Shortly he parked the forklift, closed up the plane, and got into the cab out of the cutting wind. He phoned the compound to have a flatbed and forklift waiting and then, checking to see if Pattie was strapped in, shot the plane up into the sky.
He had been prepared to feel his way down through the overcast with half-blind screens and was very happy to see that the worst of the storm and all of its electrical interference had passed by.
It was no longer raining at the compound and they had every pole spotlight on. Quite a crowd had gathered around the waiting vehicles to see the plane come in. The last time Jonnie had seen some of these ex-marines and ex-spacemen had been through gunsights, and it was a trifle strange beholding Jambitchows and Hawvins and such standing around, but they seemed inoffensive enough. Three Chatovarian engineers in bright orange work suits that had “Desperation Defense” written on their chests were in the crowd, probably there doing preparatory surveys to convert this minesite protection over to the new system.
A new plane was there with nobody around it and Jonnie realized that MacKendrick must have arrived. He called Pattie forward and with her under one arm jumped down from the plane.
Ker was sitting on a forklift. “The copilot is in there. He is breathing but he must be injured or something,” said Jonnie. “Get him and the two Psychlos down to the hospital.”
Jonnie, still carrying Pattie, rushed into the compound to find MacKendrick.
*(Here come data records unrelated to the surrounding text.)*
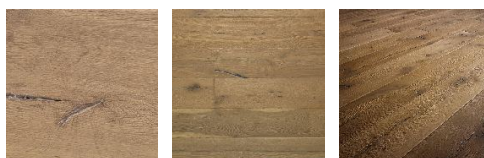

## Инженерный паркет Woodi Дуб Crono

**Производитель:** WOODI

**Код товара:** Инженерный паркет Woodi Дуб Crono

**Артикул:** WOO-109

**Страна производства:** Италия

**Размеры:** 400-500x65-70x10-11 мм, 500-1200x80-90x10-11 мм,  
700-1200x105-125x10-11 мм, 800-2000x140-200x10-15 мм

**Порода дерева:** Дуб

**Фаска:** С фаской или без фаски (по выбору заказчика)

**Тип покрытия:** Лак или масло (по выбору заказчика)

**Соединение:** Шип/паз

**Тип поверхности:** Гладкая или брашированная (по выбору заказчика)

**Твёрдость породы:** 3,7 по Бринеллю
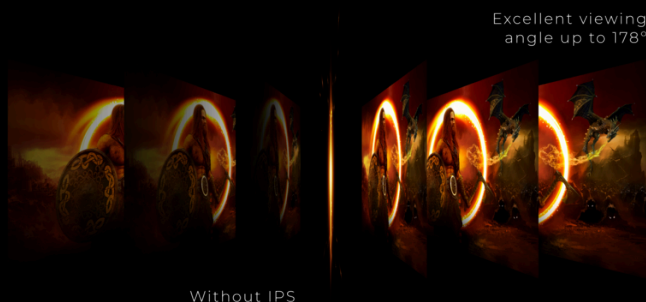

MATRYCA IPS

Matryca IPS gwarantuje doskonałe wrażenia z oglądania dzięki realistycznym, choć wyraźnym i precyzyjnie odwzorowanym barwom. Spójność wyświetlania barw jest zapewniona niezależnie od kąta, pod jakim patrzy się na ekran.
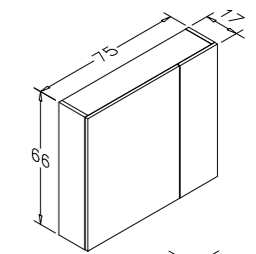

o Seramik Lavabo

o Gövde; Melamin Yonga Levha
Kapak; High Gloss PET-MDF

o Frenli Kapak
o Ayna Dolabı
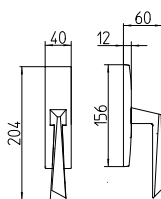

Piramid

Scheda tecnica / Technical sheet

MANDELLI 1953

1251 con rosetta
door-handle on rose

1250 con piastra
door-handle on back plate

1252/M cremonese
window lever-handle

1252/DK martellina
drehkipp system

M

Minimal a profilo quadrato.
Square minimal profile.

PZ

Piastra stretta 30X138 mm per infissi
con montante minimale, senza molla di ritorno.
Narrow plate 30x138 mm for unsprung fittings.

BG5

Kit piastra da bagno con farfalla. R5 115
Thumb turn coin release on blackplate. R5 115

BS
SM

Rosetta e bocchetta strette 31X62 mm per infissi
con montante minimale. SM senza molla.
Narrow rose and eschuteon 31x62 mm
for minimal fittings. SM unsprung.

R5

Kit rosetta da bagno con farfalla. R5 115
Thumb turn / coin release on rose. R5 115
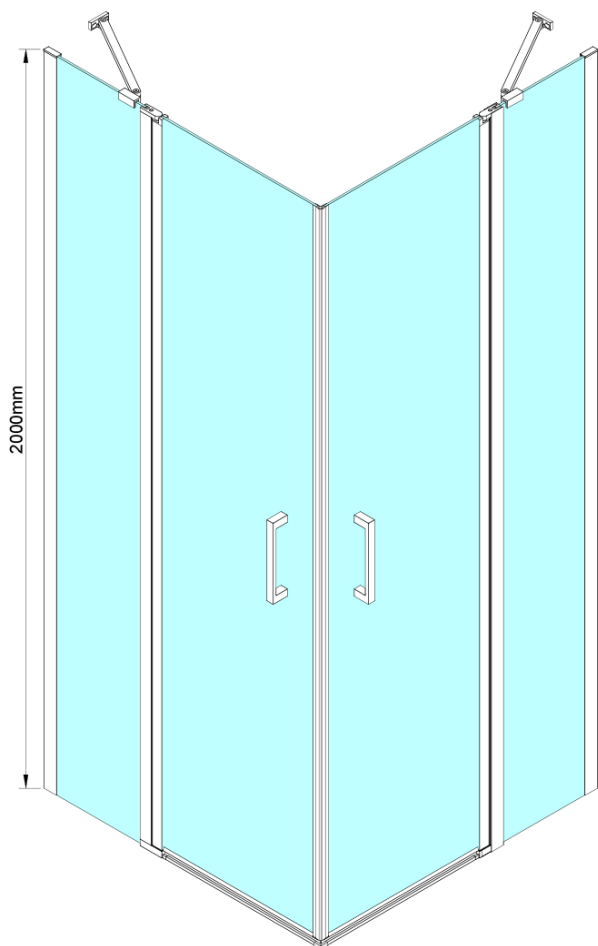

Bestellcode: GN4890-01

Grundinformation

Marke: Gelco

Serie: LORO

Größe

Breite: 900 mm

Höhe: 2000 mm

Tiefe: 900 mm

Eigenschaften

Farbenprofil: Chrom - Poliertem Aluminium

Form: Eckige mit Eckeinstieg

Öffnungsarten: Doppeltür zweiflügelig

Eingangsbreite: 685 mm

Glasfarbe: Klarglas

Glasbehandlung: Coatedglas

Glasdicke: 6 mm

Eigenschaften: Rahmenloses Design, Öffnen nach Innen und Außen

Gewicht / Stück: 68.0 kg

Verpackung: 2 Stück

Garantie: 2 Jahre

Technisches Arbeitsblatt

GN4880/GN4890/GN4810

Model	A	B	C
GN4880	780-800	685	198
GN4890	880-900	685	298
GN4810	980-1000	685	398
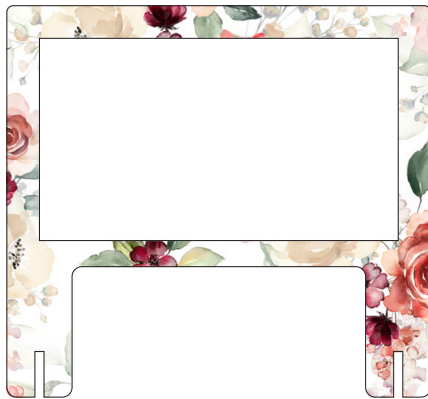

安全

ネイルサロン向け

高さ調節可能 パーテーション

お客様もスタッフも安心♡

▽サイズ
W650×H600×D250mm

▽仕様
スチレンパネル・PET

軽くて動かすのもラクラク!

1セット2台入り(無地)

キラキラ
ストーン

B

水彩
パステル

C

アンティーク
花柄

D

カラフル
木目

1セット2台入り(デザイン1種) **¥10,560** (税込)
※送料別途
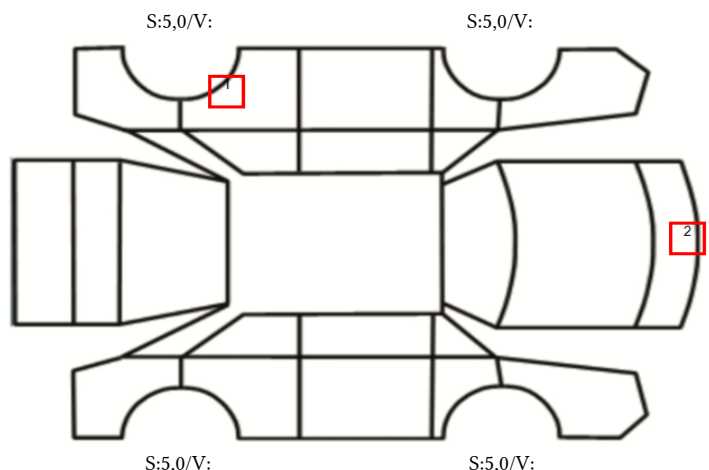

DATO: SIGNATUR KUNDE:

SKADETEGNING:

KONTROLLPUNKTER SOM LIGGER TIL GRUNN FOR TILSTANDSRAPPORTEN

MERK: Kontrollen omfatter de av nedenstående punkter som er aktuelle for angjeldende bil ut fra bilens tekniske spesifikasjoner og utstyr.

Ker promptly got busy with the forklift and, with an expertise only Ker could achieve with a machine, scooped all three bodies off the floor of the marine attack plane and swooshed them over to the flatbed.
The driver, a newly trained Jambitchow, looked on in wide-eyed shock as he saw two huge Psychlo bodies plump down on the truck with a small human body dropping on top of them.
The first impulse of the crowd, seeing Psychlos, was to retreat, and fast! All the snow and ice had melted off them and to all appearances they might be alive.
The driver was about to get off the truck and put distance between himself and anything that had to do with Psychlos that might suddenly come to life.
Ker withdrew the forks and realized he was in the middle of a commotion and was about to have no driver. “No, no,” he shouted. “They're dead!”
Timidly the Jambitchow got back on the flatbed seat. Cautiously the crowd crept forward to get a closer look. Eyes went questioningly to Ker.
“Didn't you hear what Jonnie told me?” said Ker.
No, they hadn't. Too far away.
“Those Psychlos," said Ker, “have been hiding out in the jungle. They rushed out of cover and started to claw the copilot to bits. And it made Jonnie so mad he charged them. He grabbed the throats of both of them at the same time and just plain strangled them to death!”
Mouths were open and eyes were popped. The evidence was right there before them.
After a moment a Hawvin ex-officer said, “No wonder we lost this war.”
“Yes,” said Ker. “When you get to know Jonnie better, you'll realize that when he gets mad, he gets mad!”
He signaled the flatbed to follow and drove off in the forklift. He just couldn't resist doing what he'd done. But the hardest part was to keep from guffawing in their faces.